**EXERCISE DIRECTIONS:** Keep the pictures out of the copy and print all the entries below exactly.

**EXERCISE INPUTS:**
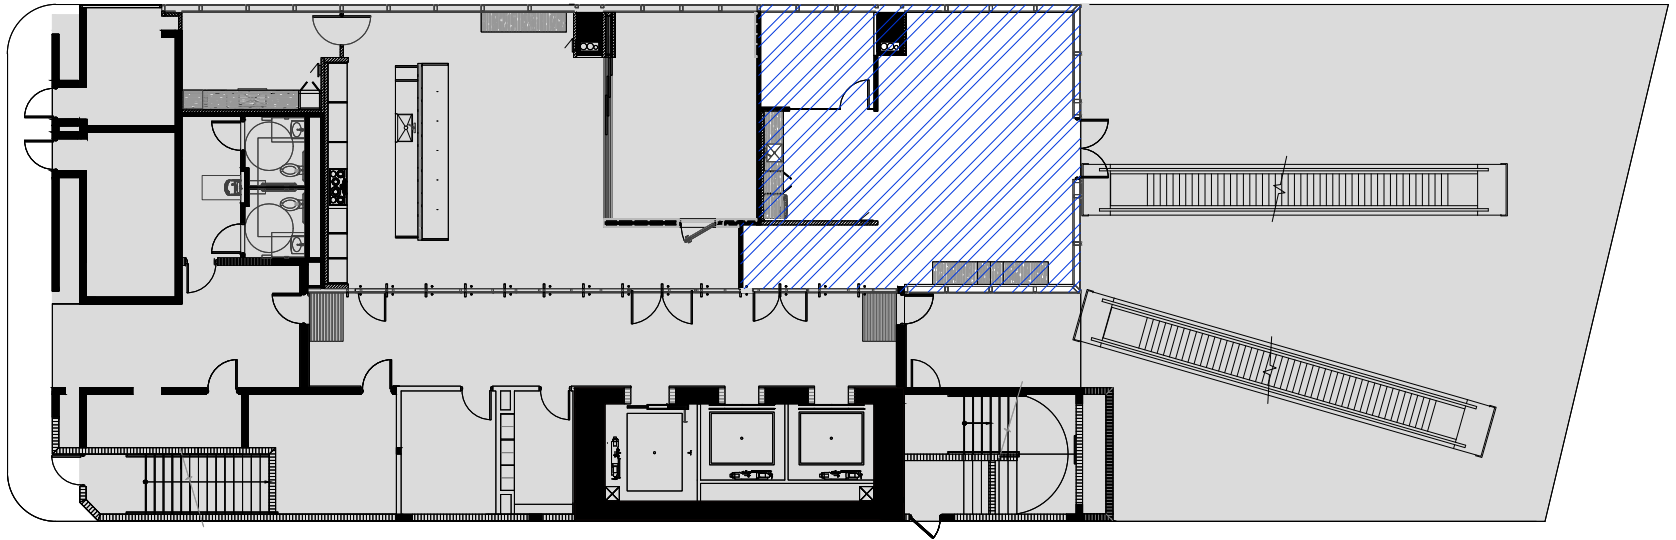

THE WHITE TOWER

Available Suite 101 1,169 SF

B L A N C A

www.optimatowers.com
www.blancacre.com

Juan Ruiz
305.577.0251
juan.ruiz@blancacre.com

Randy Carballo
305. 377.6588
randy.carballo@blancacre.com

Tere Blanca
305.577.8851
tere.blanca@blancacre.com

**COMPLETED TASK:**
THE WHITE TOWER

Available Suite 101 1,169 SF

B L A N C A

www.optimatowers.com
www.blancacre.com

Juan Ruiz
305.577.0251
juan.ruiz@blancacre.com

Randy Carballo
305. 377.6588
randy.carballo@blancacre.com

Tere Blanca
305.577.8851
tere.blanca@blancacre.com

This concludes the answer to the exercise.